Iraqi President in Riyadh

Iraqi President in Riyadh

Saturday, 17 November, 2018 - 10:15
Abdulrahman Al-Rashed
Abdulrahman Al-Rashed is the former general manager of Al-Arabiya television. He is also the former editor-in-chief of Asharq Al-Awsat, and the leading Arabic weekly magazine Al-Majalla. He is also a senior columnist in the daily newspapers Al-Madina and Al-Bilad.
The aspirations of Iraq and Saudi Arabia for bilateral relations fluctuate wildly from a high of hoping for comprehensive cooperation to a low of simply acceptance of traditional diplomacy. The visit to Riyadh by new Iraqi President Dr. Barham Salih comes at a time when there is a need for relations to be reinvigorated to reflect a shift in the situation regionally, as well as internally within Iraq.

Salih’s first official engagement since his election by the Iraqi parliament is a tour of the Gulf, and his visit to Riyadh marks the grand conclusion. The Kingdom would have been the first stop on the tour, one of the Iraqi president’s assistants said, had it not been for previously scheduled visits by King Salman to the regions of Saudi Arabia. Thus Salih arrives in Saudi Arabia with a good understanding of the latest political positions of Iraq’s neighboring states.

The era of the new Iraqi presidency has begun and it calls for optimism in order to complete the journey and cross the bridge over the abyss infested with the mines of Iran, Syria and terrorism.
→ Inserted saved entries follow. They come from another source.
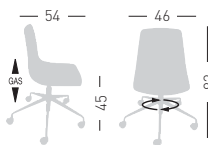

NA not assembled / non assemblato

0,24 m³ - 15 kg.
55x65,5x63 cm
2 pcs [carton]

Frame Finishing & Codes / Finiture Telai e Codici

cod.92.--/5R chromed/cromata
cod.92M.--/5R chromed/cromata (*)

It is an abyss, thankfully, that the previous presidency managed to avoid. Salih seeks the solidarity of neighboring countries, as well as their respect for his nation’s sovereignty and territorial integrity. He does not want Iraq to be a passageway for armies or a battlefield for regional wars.

Indeed, last summer’s crises have shown the variety of challenges facing the new government in Baghdad, over and above Iran’s trans-boundary militias, the Iran-backed Iraqi militias, and the broken Daesh remnants and their escapees who have fled Syria. Aside from all these issues, the former government had to deal with crises that were no less serious, including public outrage about water contamination and power outages. The new government faces the same crises — soiled relations with Tehran and contaminated water — and so it will take a tremendous political effort to provide security, stability and everyday public services, and to start the development process.

Among Iraq’s six neighboring countries, Saudi Arabia is the most capable of helping the Iraqi authorities move toward economic development. In his speech to the latest investment conference, Crown Prince Mohammed bin Salman named Iraq as one of the regional countries expected to enjoy increasing economic success.

Both literally and figuratively, Iraq finds itself stuck between two competing neighbors: Saudi Arabia and Iran. The tripartite relationship among Riyadh, Baghdad and Tehran is tangled and complex. It remains to be seen how senior officials in Iraq decide they want to define this relationship and deal with the two governments. Furthermore, both the Saudis and the Iranians consider Iraq to be a geopolitical extension and a first line of defense, and believe it could be a source of stability as well as instability.

However, despite the similarities in their visions, the differences are clear in the conflicting practices of Iraq’s neighbors. Saudi Arabia wants Iraq to be its passage to Syria, Turkey and Central Asia, through which buses of pilgrims, food trucks and industrial products can pass. Iran wants to use Iraq as a “highway” for the transportation of militants and arms, and of funding for its wars in the region.
Riyadh wants Iraq to be stable and successful, which is how it views Egypt, so that it can put pressure on Baghdad to secure its borders and enjoy a thriving trade relationship.

The Iranian regime wants Iraq to remain a “milking cow,” so it can continue to challenge Western economic sanctions and fund the activities of Quds Force, Hezbollah and others in Syria and Lebanon. These are the practices of the Iranian supreme leader’s regime in Afghanistan and Pakistan, to which it exports chaos, militants and weapons.

Saudi Arabia can be a major economic partner that contributes to Iraq’s recovery and enhances the stability of its central authority, rather than allowing it to fall under the control of Iran’s warlords. Later, Iraq might be able to play a role, post-US economic sanctions, by pushing Tehran toward moderation instead of opening the borders to allow it to destroy countries and wage wars.

President Barham Salih has had a distinguished political and government career and we have known him to be a symbol of a united and modern Iraq. He has a clean political history, clear of sectarian and ethnic conflicts, and most of his ideas have been implemented as development, education and coexistence projects on the ground.

I had the privilege of working closely with him on the board of trustees of the American University of Kurdistan, which opened its doors to all Iraqis and continued to operate during the peak of terrorism and local conflicts.